[Stored records]

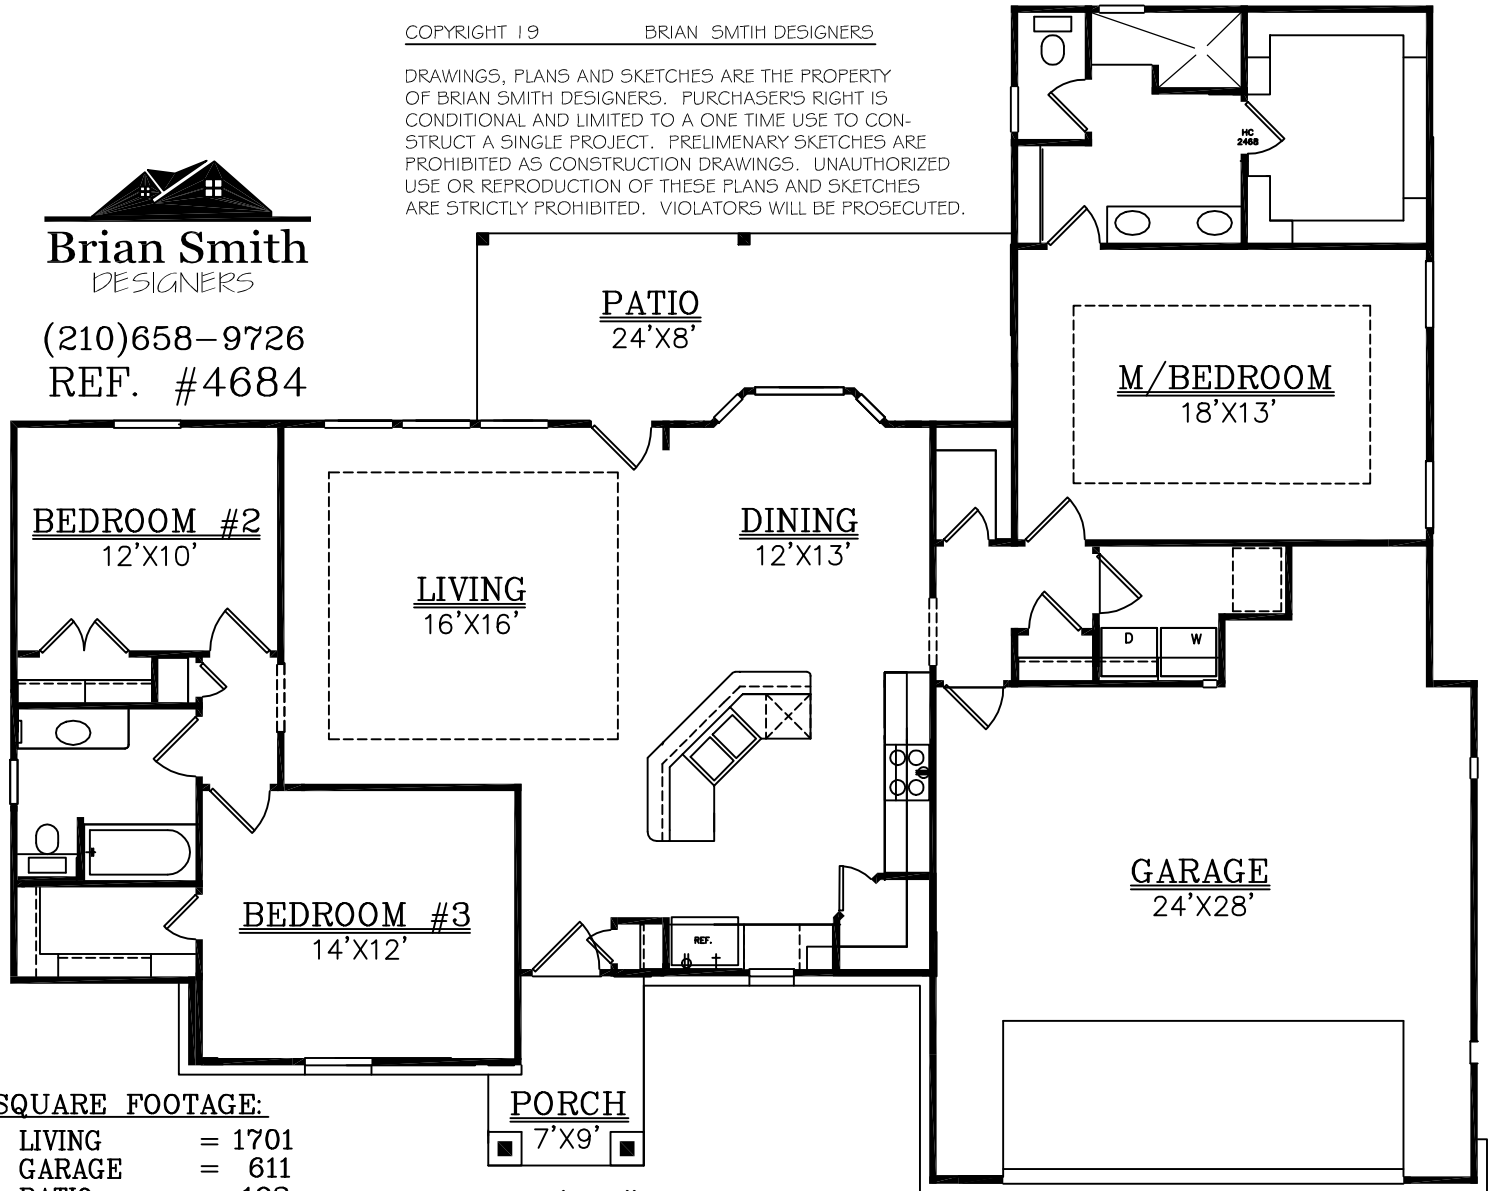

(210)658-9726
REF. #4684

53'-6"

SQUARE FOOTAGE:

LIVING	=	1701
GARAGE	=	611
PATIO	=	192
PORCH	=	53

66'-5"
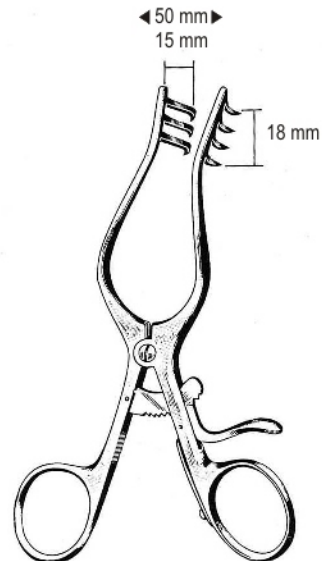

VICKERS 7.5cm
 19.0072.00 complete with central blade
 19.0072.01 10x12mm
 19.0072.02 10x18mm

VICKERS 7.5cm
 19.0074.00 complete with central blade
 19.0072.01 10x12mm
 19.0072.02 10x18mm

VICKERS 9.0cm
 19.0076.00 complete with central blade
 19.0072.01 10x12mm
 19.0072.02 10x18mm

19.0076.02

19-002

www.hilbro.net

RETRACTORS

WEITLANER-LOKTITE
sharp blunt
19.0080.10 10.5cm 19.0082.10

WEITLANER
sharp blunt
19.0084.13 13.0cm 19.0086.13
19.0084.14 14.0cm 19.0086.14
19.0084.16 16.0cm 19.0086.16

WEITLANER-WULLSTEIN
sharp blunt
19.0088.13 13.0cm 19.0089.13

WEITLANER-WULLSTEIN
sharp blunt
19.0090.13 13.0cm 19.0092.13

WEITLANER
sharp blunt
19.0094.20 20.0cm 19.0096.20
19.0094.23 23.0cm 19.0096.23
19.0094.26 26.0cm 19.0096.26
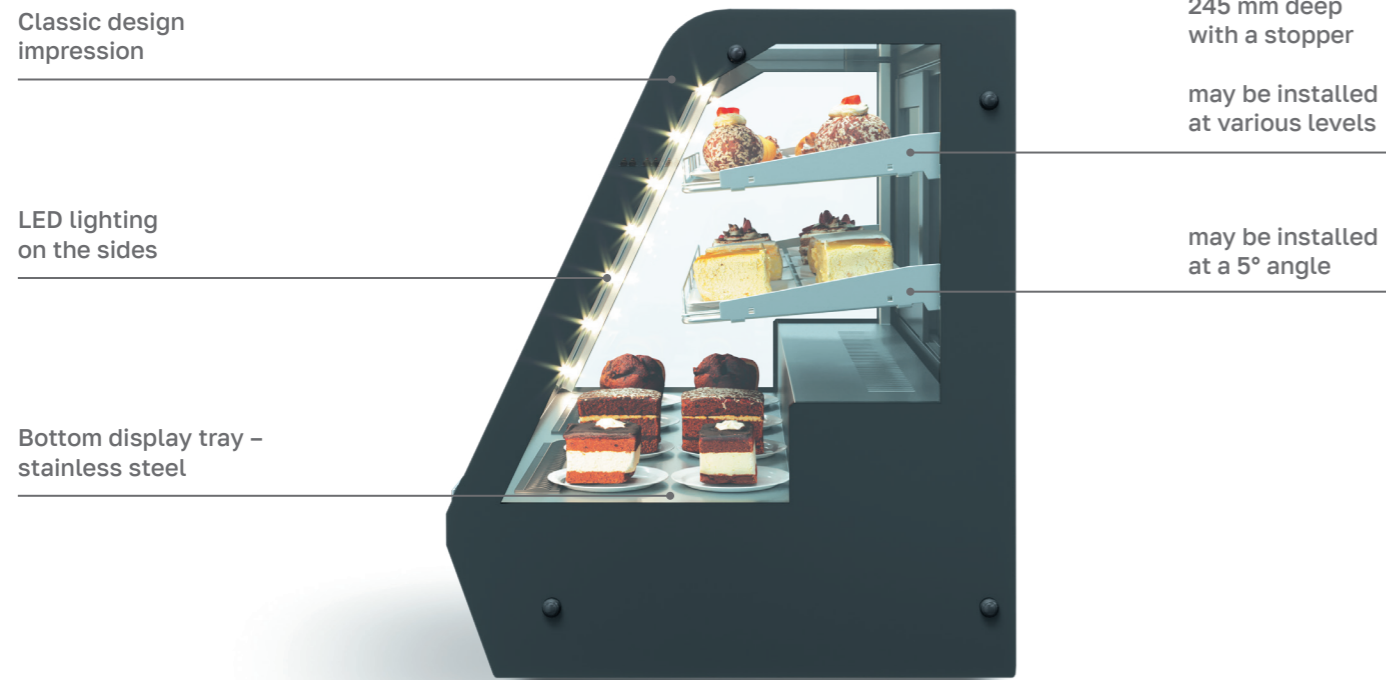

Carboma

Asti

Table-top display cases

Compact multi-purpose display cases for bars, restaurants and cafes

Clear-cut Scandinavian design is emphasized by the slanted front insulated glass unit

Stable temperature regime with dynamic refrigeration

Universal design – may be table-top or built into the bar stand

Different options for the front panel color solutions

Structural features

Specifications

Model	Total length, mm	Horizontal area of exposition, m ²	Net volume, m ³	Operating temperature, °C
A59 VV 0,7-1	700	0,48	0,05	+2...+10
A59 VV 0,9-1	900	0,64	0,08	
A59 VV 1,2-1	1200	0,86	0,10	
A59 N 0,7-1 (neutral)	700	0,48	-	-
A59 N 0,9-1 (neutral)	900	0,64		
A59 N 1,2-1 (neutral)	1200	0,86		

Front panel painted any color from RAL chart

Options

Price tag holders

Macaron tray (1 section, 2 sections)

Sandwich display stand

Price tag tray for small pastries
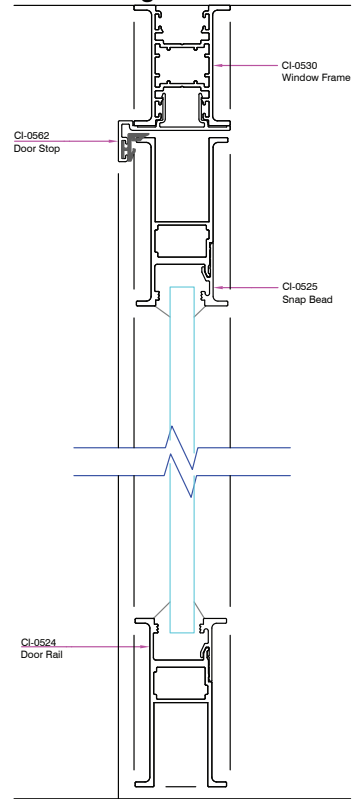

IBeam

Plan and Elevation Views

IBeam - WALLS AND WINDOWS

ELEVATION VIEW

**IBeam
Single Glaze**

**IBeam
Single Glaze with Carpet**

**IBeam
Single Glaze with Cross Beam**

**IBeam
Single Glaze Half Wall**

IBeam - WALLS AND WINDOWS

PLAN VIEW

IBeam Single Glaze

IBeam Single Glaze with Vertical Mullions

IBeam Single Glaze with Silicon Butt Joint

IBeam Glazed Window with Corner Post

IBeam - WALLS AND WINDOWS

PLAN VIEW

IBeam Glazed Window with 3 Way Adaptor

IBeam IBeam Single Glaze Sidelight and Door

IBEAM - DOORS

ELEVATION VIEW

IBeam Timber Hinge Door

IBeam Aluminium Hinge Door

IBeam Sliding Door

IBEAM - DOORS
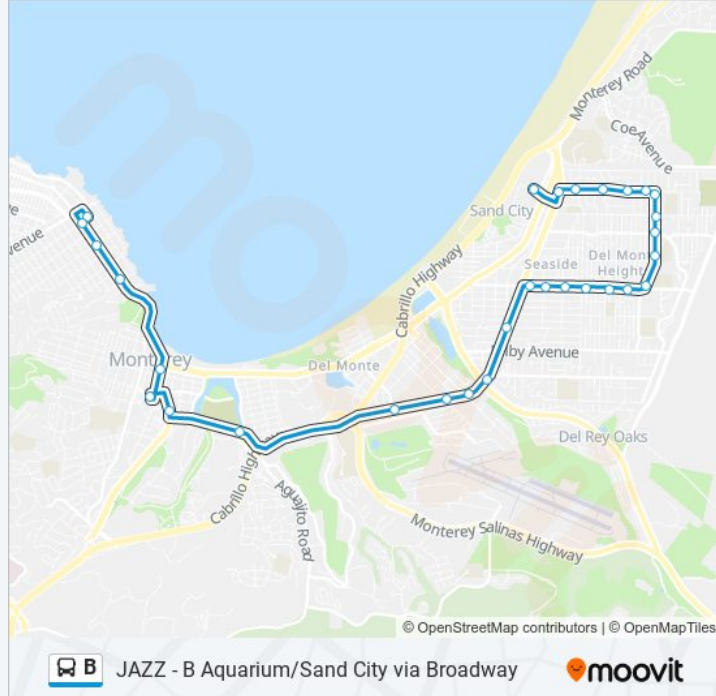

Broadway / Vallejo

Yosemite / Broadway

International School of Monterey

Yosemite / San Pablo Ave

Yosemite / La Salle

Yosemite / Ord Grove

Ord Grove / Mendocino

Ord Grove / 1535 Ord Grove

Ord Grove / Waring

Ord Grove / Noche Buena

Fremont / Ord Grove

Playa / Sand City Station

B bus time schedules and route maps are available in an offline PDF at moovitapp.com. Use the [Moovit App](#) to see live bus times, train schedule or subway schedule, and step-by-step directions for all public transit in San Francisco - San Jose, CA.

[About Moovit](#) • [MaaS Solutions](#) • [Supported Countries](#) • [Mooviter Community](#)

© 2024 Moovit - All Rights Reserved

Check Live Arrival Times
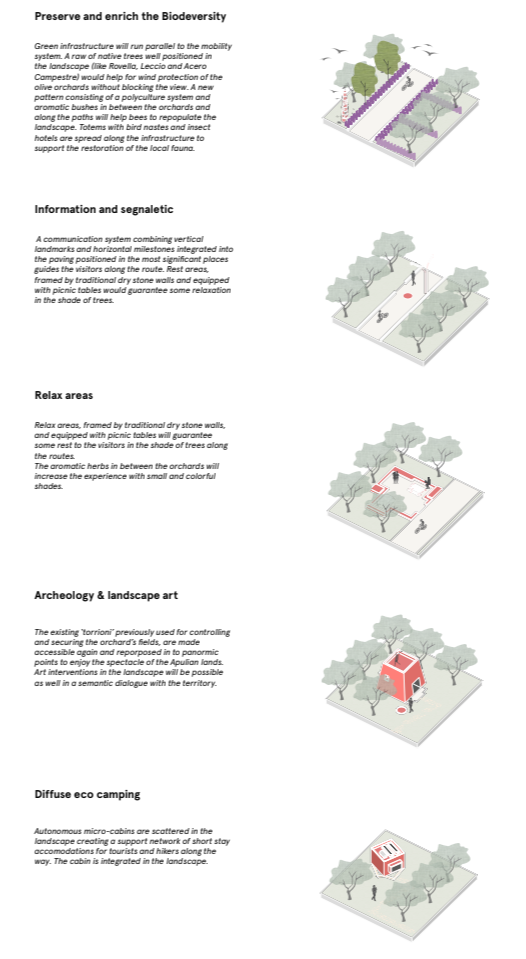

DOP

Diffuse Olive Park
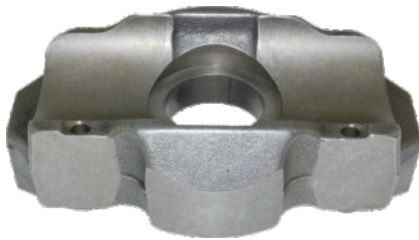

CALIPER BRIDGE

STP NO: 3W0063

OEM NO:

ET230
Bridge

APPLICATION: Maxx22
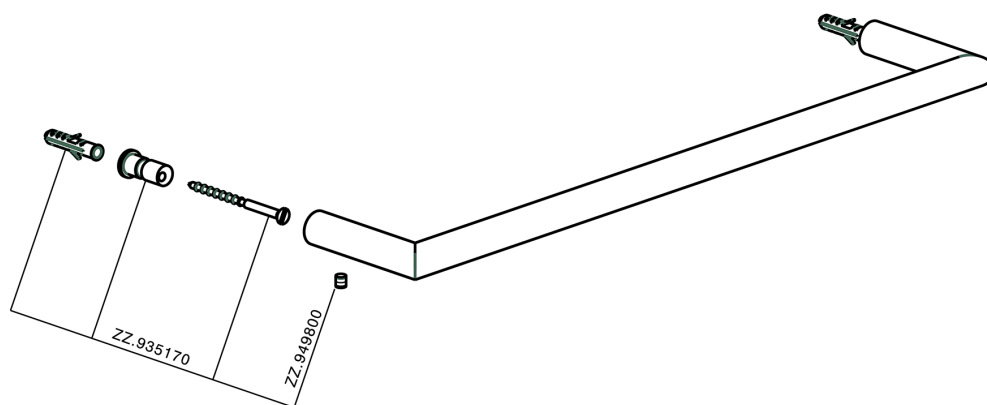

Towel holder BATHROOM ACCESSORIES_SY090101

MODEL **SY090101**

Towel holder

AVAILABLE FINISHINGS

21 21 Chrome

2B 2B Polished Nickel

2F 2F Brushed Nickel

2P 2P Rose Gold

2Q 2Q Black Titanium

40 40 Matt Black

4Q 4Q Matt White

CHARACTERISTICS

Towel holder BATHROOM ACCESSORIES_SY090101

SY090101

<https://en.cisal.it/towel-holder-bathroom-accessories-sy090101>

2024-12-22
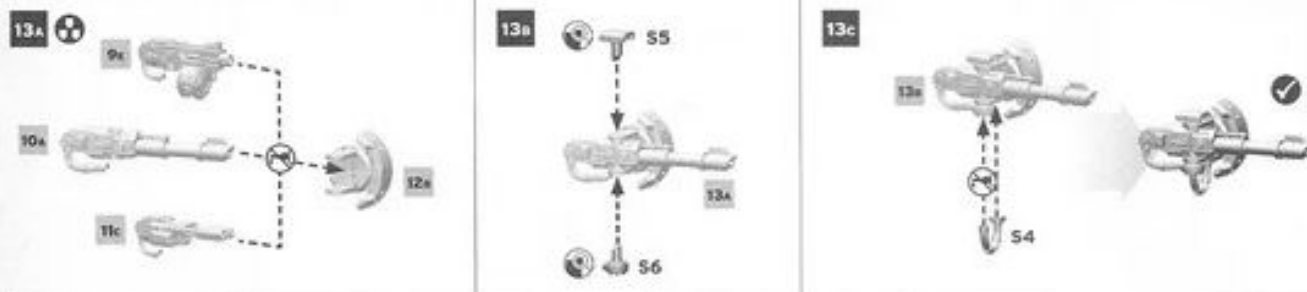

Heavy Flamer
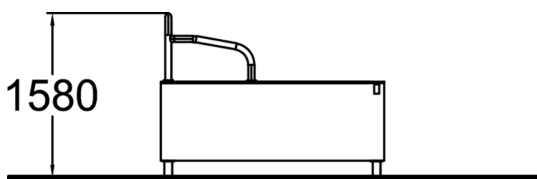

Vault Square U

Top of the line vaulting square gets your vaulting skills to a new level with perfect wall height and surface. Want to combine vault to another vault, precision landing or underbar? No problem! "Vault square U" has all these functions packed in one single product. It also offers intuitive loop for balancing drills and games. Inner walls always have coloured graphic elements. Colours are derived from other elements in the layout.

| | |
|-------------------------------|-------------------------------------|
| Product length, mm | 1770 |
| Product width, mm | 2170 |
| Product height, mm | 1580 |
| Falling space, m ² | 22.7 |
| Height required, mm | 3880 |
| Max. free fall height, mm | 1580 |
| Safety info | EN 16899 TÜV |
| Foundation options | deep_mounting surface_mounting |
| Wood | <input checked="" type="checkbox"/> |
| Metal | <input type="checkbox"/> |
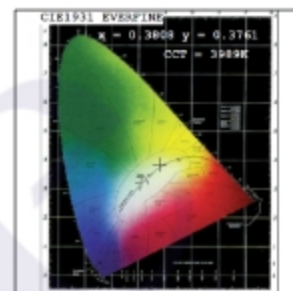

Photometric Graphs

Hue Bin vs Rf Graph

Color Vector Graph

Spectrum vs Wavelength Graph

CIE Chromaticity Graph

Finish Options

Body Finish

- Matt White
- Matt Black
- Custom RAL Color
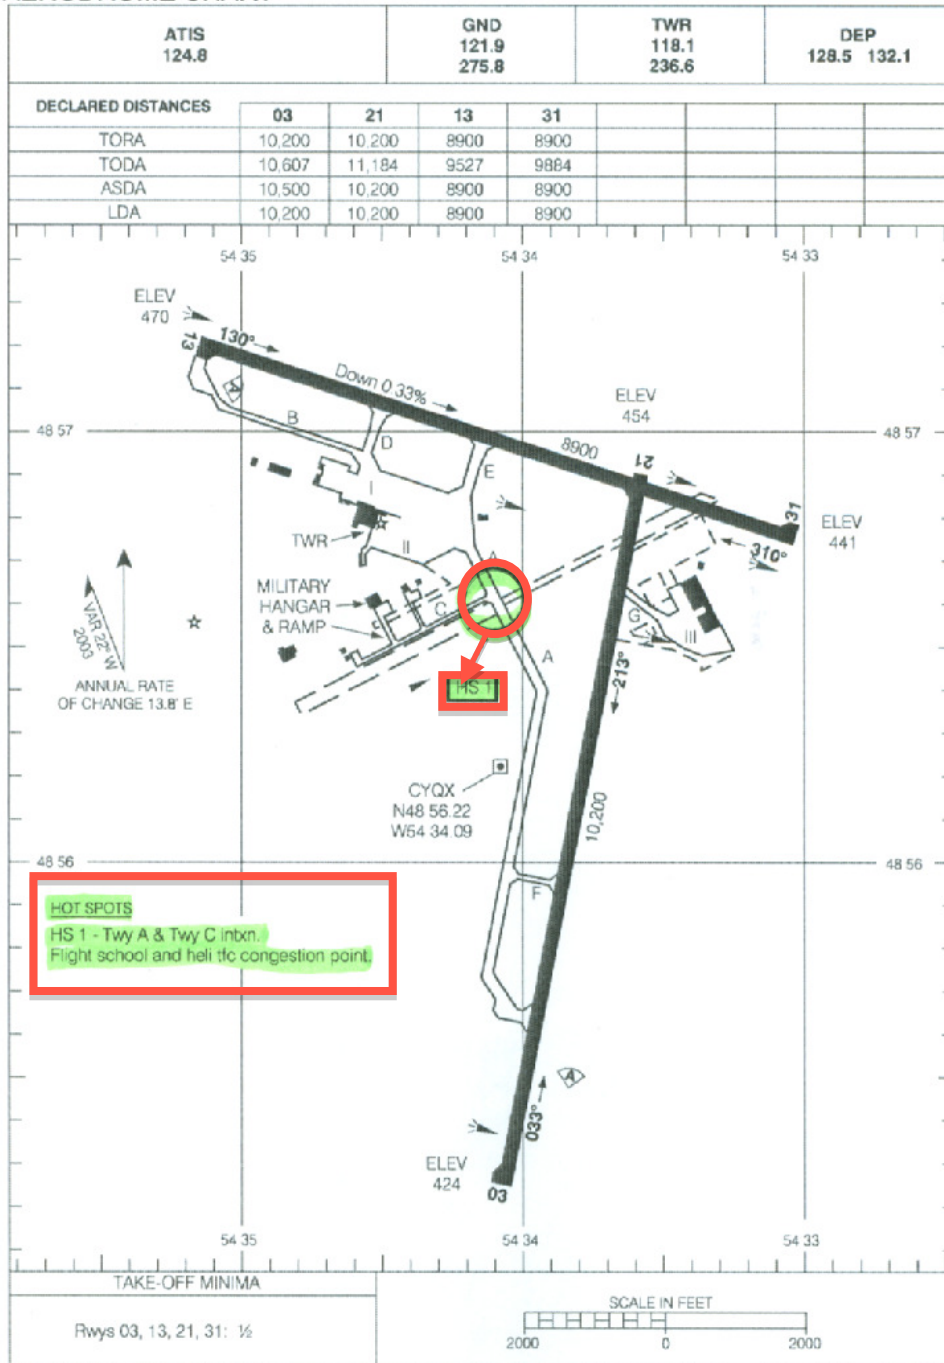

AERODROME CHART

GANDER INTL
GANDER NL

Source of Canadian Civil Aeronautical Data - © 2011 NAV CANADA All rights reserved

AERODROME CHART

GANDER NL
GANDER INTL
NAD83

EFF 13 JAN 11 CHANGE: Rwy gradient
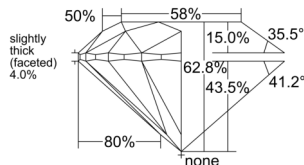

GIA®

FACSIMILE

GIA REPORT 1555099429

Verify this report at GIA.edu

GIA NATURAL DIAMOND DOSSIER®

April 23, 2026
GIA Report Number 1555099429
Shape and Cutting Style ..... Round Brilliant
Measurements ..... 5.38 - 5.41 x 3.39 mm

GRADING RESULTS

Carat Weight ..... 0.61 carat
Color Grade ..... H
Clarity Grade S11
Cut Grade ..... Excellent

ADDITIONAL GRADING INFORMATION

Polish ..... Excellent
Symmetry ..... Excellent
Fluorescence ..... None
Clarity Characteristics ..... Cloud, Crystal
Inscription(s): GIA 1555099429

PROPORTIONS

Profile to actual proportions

* What to work on: The lines above that hold "with" are the result; show every one of them.

* Task solution:
 19.0072.00 complete with central blade
 19.0074.00 complete with central blade
 19.0076.00 complete with central blade
Stable temperature regime with dynamic refrigeration
Single Glaze with Carpet**
Single Glaze with Cross Beam**
IBeam Single Glaze with Vertical Mullions
IBeam Single Glaze with Silicon Butt Joint
IBeam Glazed Window with Corner Post
IBeam Glazed Window with 3 Way Adaptor
Top of the line vaulting square gets your vaulting skills to a new level with perfect wall height and surface. Want to combine vault to another vault, precision landing or underbar? No problem! "Vault square U" has all these functions packed in one single product. It also offers intuitive loop for balancing drills and games. Inner walls always have coloured graphic elements. Colours are derived from other elements in the layout.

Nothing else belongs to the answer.